> **DIRECTIONS FOR THIS TASK**
Go through the data below and copy each line that includes "GmbH".
::: DATA FOR ANALYSIS
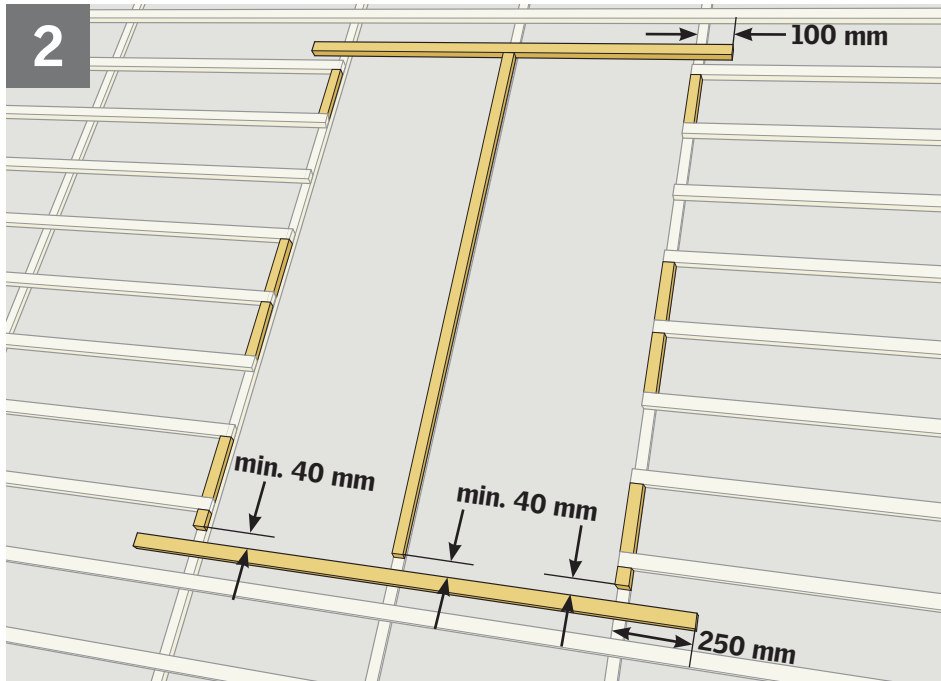

**VELUX®**

**EKJ** 

**20°-90°**

**max 90 mm**

VAS 454159-2016-12

<b>AR:</b> VELUX Argentina S.A. 348 4 639944	<b>HU:</b> VELUX Magyarország Kft. (06/1) 436-0601
<b>AT:</b> VELUX Österreich GmbH 02245/32 3 50	<b>IE:</b> VELUX Company Ltd. 01 848 8775
<b>AU:</b> VELUX Australia Pty. Ltd. 1300 859 856	<b>IT:</b> VELUX Italia s.p.a. 045/6173666
<b>BA:</b> VELUX Bosna i Hercegovina d.o.o. 033/626 493, 626 494	<b>JP:</b> VELUX-Japan Ltd. 0570-00-8145
<b>BE:</b> VELUX Belgium (010) 42.09.09	<b>LT:</b> VELUX Lietuva, UAB (85) 270 91 01
<b>BG:</b> ВЕЛУКС България ЕООД 02/955 99 30	<b>LV:</b> VELUX Latvia SIA 67 27 77 33
<b>BY:</b> Унитарное предприятие "ВЕЛЮКС Мансардные Окна" (017) 329 20 89	<b>NL:</b> VELUX Nederland B.V. 030 - 6 629 629
<b>CA:</b> VELUX Canada Inc. 1 800 88-VELUX (888-3589)	<b>NO:</b> VELUX Norge AS 22 51 06 00
<b>CH:</b> VELUX Schweiz AG 062 289 44 45	<b>NZ:</b> VELUX New Zealand Ltd. 0800 650 445
<b>CL:</b> VELUX Chile Limitada 2 953 6789	<b>PL:</b> VELUX Polska Sp. z o.o. (022) 33 77 000 / 33 77 070
<b>CN:</b> VELUX (CHINA) CO. LTD. 0316-607 27 27	<b>PT:</b> VELUX Portugal, Lda 21 880 00 60
<b>CZ:</b> VELUX Česká republika, s.r.o. 531 015 511	<b>RO:</b> VELUX România S.R.L. 0-8008-83589
<b>DE:</b> VELUX Deutschland GmbH 01806 / 33 33 99 Festnetz: 0,20 €/Anruf Mobilfunk: max. 0,60 €/Anruf	<b>RS:</b> VELUX Srbija d.o.o. 011 20 57 500
<b>DK:</b> VELUX Danmark A/S 45 16 45 16	<b>RU:</b> ЗАО ВЕЛЮКС (495) 640 87 20
<b>EE:</b> VELUX Eesti OÜ 621 7790	<b>SE:</b> VELUX Svenska AB 042/20 83 80
<b>ES:</b> VELUX Spain, S.A. 91 509 71 00	<b>SI:</b> VELUX Slovenija d.o.o. 01 724 68 68
<b>FI:</b> VELUX Suomi Oy 0207 290 800	<b>SK:</b> VELUX Slovensko, s.r.o. (02) 33 000 555
<b>FR:</b> VELUX France 0821 02 15 15 0,119€ TTC/min	<b>TR:</b> VELUX Çatı Pencereleri Ticaret Limited Şirketi 0 216 302 54 10
<b>GB:</b> VELUX Company Ltd. 01592 778 225	<b>UA:</b> ТОВ "ВЕЛЮКС Україна" (044) 2916070
<b>HR:</b> VELUX Hrvatska d.o.o. 01/5555 444	<b>US:</b> VELUX America LLC 1-800-88-VELUX
::::::
> **RESULT BELOW**
<b>AT:</b> VELUX Österreich GmbH 02245/32 3 50	<b>IE:</b> VELUX Company Ltd. 01 848 8775
<b>DE:</b> VELUX Deutschland GmbH 01806 / 33 33 99 Festnetz: 0,20 €/Anruf Mobilfunk: max. 0,60 €/Anruf	<b>RS:</b> VELUX Srbija d.o.o. 011 20 57 500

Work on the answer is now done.